### Input data ###

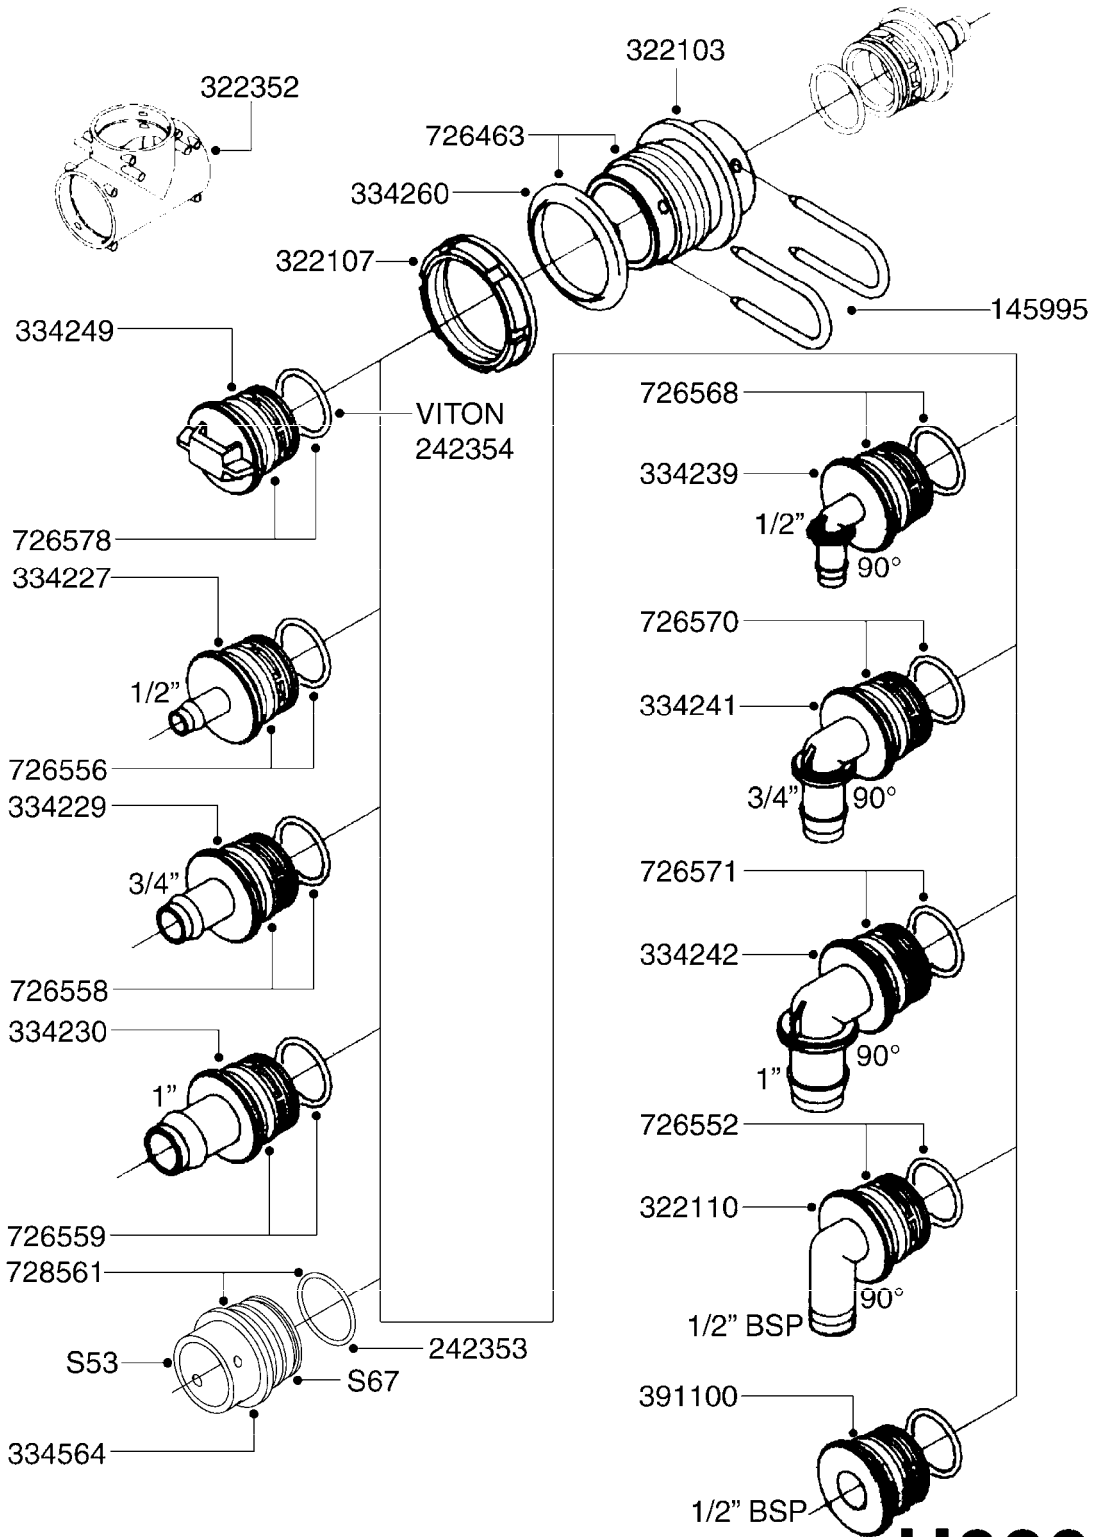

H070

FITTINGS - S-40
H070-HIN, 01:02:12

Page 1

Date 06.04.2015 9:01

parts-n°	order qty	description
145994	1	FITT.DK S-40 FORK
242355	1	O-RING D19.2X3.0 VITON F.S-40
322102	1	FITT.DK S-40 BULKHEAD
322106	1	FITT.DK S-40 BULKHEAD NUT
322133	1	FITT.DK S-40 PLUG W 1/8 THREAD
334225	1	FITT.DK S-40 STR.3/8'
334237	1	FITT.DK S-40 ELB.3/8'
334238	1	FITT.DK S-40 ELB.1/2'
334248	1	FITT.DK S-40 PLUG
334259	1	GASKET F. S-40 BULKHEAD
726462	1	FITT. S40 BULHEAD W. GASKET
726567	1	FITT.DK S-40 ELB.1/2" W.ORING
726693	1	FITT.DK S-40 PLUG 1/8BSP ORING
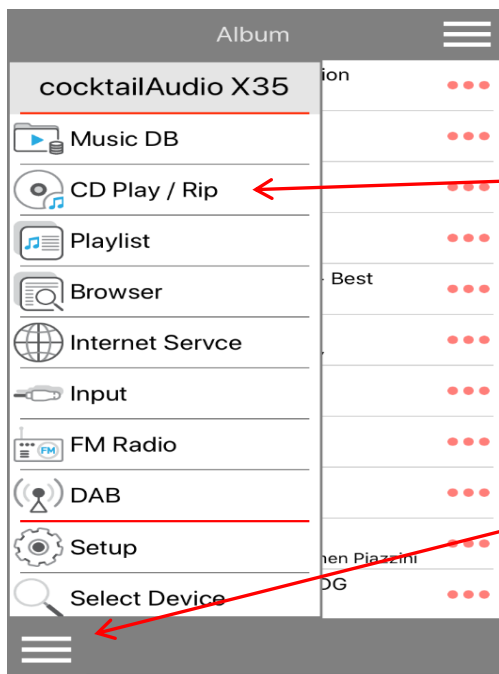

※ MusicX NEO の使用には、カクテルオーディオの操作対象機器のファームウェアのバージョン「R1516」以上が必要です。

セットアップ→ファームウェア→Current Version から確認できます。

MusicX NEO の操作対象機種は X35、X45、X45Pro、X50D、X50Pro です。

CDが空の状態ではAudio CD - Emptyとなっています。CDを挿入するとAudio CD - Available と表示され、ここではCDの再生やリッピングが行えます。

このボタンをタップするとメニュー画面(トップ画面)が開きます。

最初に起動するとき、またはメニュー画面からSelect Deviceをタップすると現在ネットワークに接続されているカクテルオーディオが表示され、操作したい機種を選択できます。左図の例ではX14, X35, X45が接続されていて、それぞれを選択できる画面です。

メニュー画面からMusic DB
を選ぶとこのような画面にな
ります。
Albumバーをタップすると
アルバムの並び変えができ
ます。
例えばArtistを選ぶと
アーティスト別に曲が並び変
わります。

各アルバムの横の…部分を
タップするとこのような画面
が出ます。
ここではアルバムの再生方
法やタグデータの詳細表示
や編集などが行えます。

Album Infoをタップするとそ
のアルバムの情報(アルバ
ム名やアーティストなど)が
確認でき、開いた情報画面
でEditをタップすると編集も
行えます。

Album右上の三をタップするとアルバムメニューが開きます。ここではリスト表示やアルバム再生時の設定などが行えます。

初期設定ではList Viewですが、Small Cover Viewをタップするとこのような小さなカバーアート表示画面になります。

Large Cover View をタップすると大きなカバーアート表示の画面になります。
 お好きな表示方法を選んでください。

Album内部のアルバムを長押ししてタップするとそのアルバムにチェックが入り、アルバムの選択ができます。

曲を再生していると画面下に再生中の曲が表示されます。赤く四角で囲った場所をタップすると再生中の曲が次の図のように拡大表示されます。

###
### Input data ###

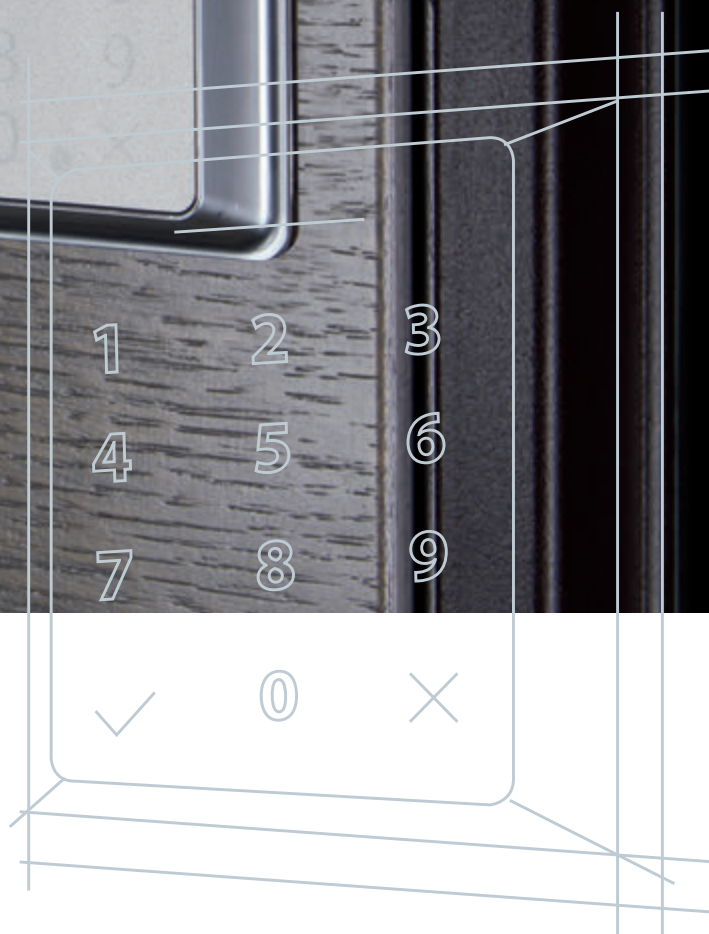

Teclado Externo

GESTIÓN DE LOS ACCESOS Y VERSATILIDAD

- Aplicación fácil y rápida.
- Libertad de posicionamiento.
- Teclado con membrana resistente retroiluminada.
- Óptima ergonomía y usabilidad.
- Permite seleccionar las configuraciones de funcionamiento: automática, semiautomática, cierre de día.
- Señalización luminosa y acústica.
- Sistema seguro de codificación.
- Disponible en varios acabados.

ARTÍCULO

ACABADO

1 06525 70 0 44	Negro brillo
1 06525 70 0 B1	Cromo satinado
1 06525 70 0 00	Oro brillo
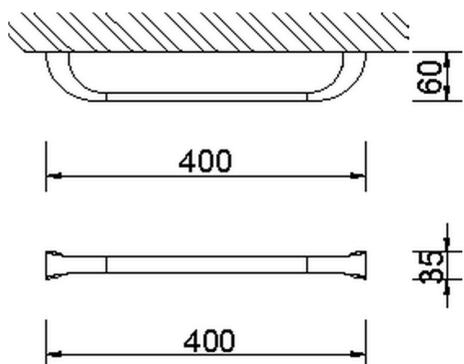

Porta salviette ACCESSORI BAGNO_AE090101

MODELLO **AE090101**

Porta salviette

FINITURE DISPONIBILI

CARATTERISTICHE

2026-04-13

###
### Input data ###

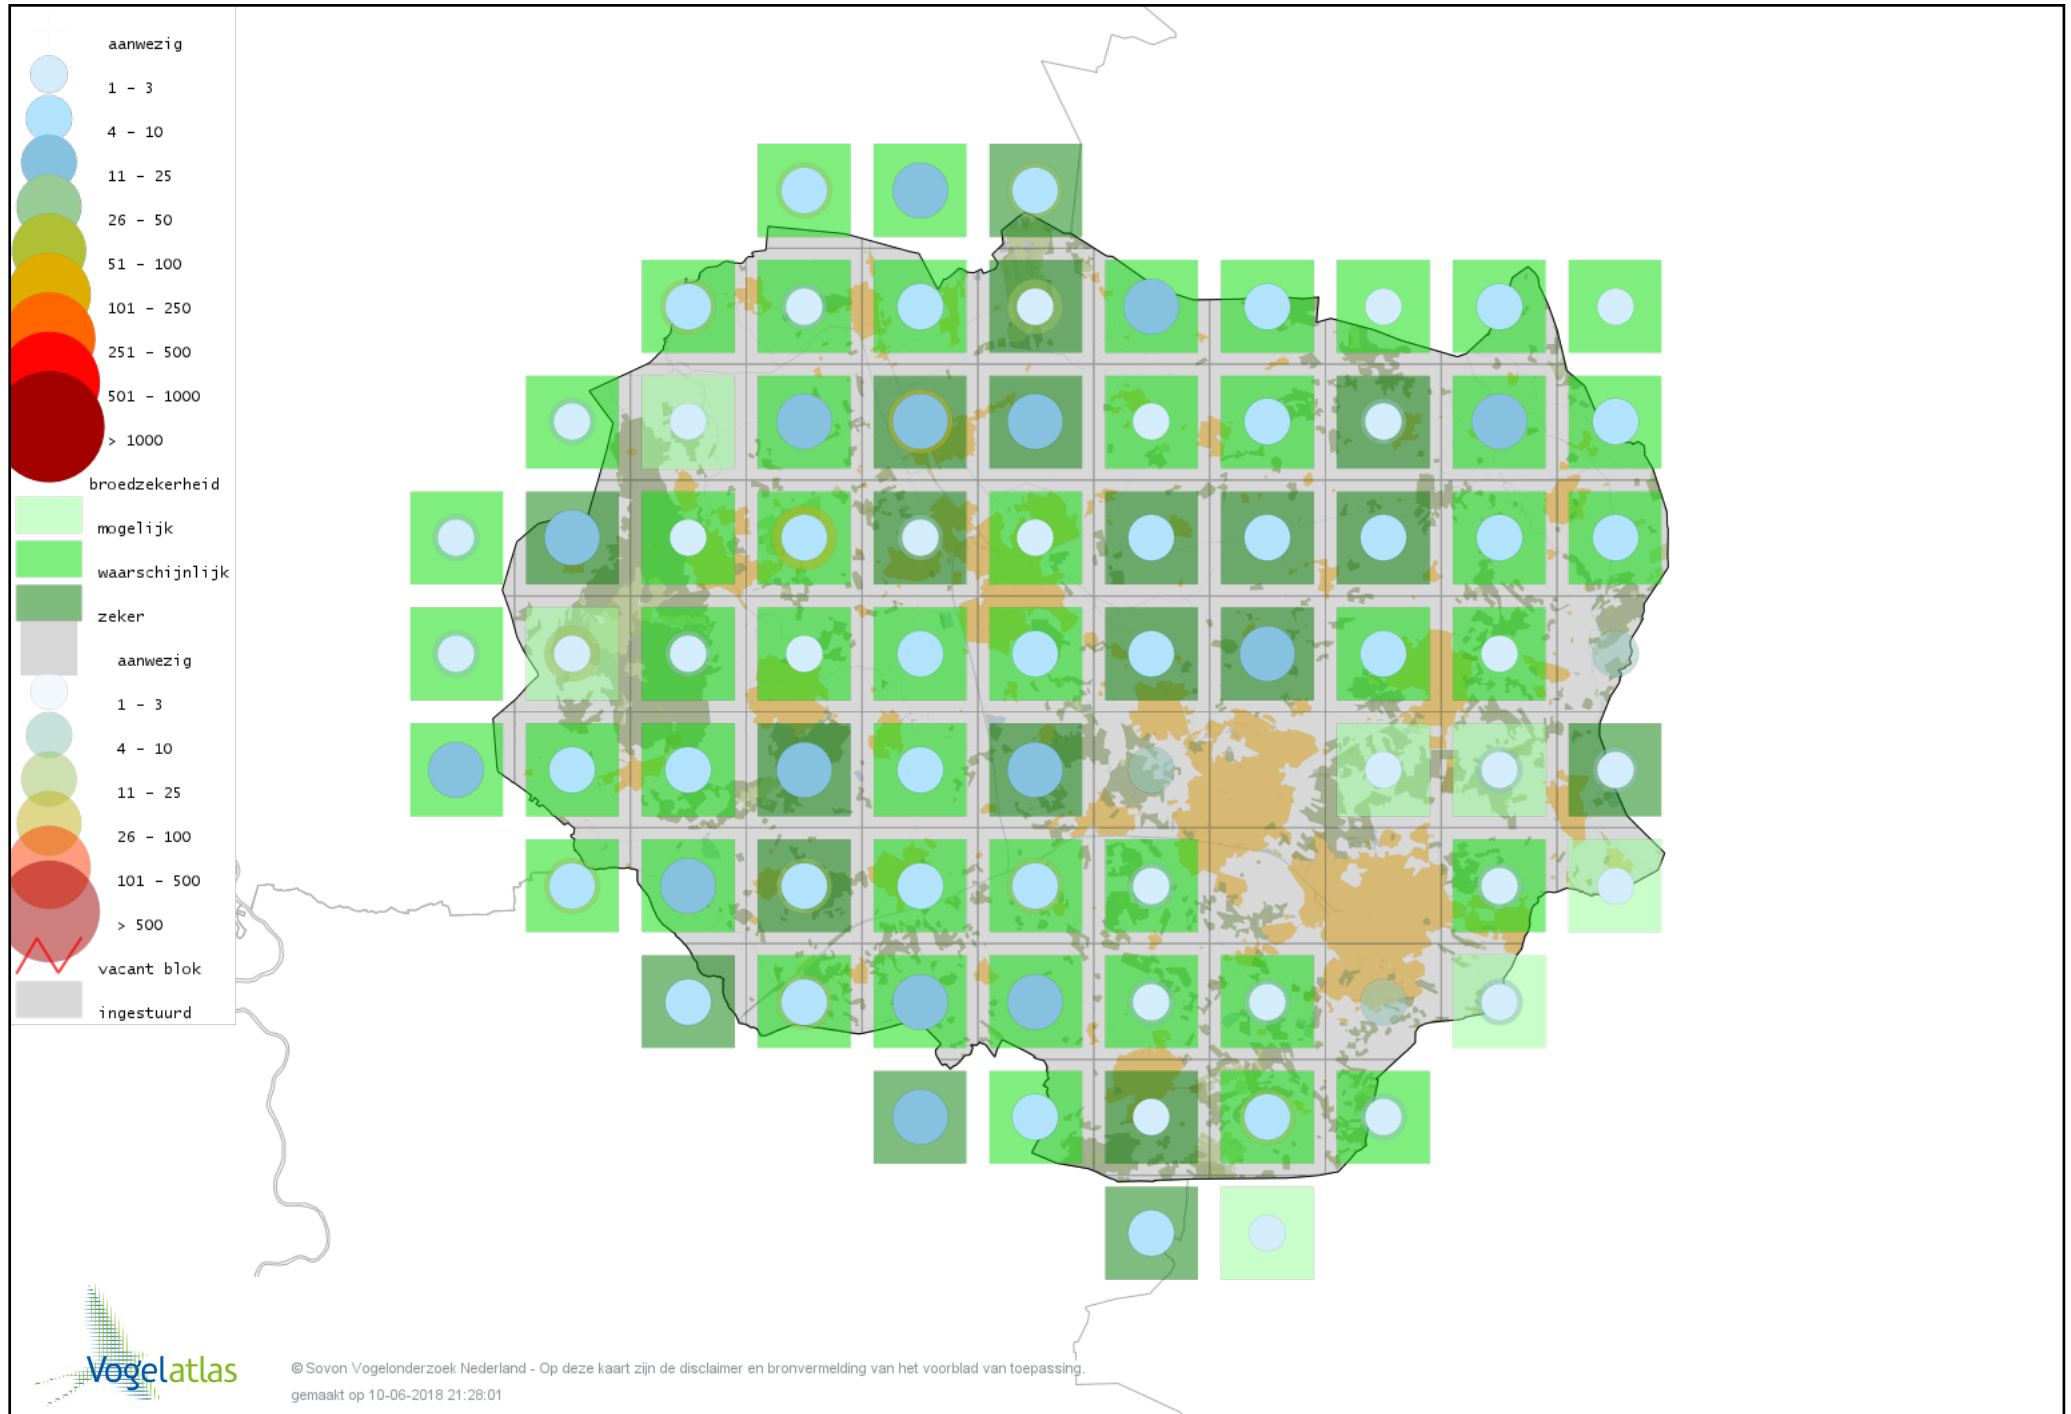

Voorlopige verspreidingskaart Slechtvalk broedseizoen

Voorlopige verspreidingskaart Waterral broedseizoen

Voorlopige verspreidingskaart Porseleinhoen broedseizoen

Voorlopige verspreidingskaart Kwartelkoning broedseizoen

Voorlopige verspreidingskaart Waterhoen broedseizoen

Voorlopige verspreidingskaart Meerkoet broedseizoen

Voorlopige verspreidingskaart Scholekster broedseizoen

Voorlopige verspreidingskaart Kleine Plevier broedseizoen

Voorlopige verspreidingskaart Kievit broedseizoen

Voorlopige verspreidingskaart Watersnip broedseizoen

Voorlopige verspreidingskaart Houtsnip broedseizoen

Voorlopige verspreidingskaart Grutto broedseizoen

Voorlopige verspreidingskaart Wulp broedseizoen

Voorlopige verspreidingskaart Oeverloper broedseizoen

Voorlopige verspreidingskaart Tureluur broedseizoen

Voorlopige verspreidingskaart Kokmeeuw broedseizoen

###

* Aim of the exercise *
Search the data for "salviette". Copy each line that has it.

* Your response *
Porta salviette ACCESSORI BAGNO_AE090101
Porta salviette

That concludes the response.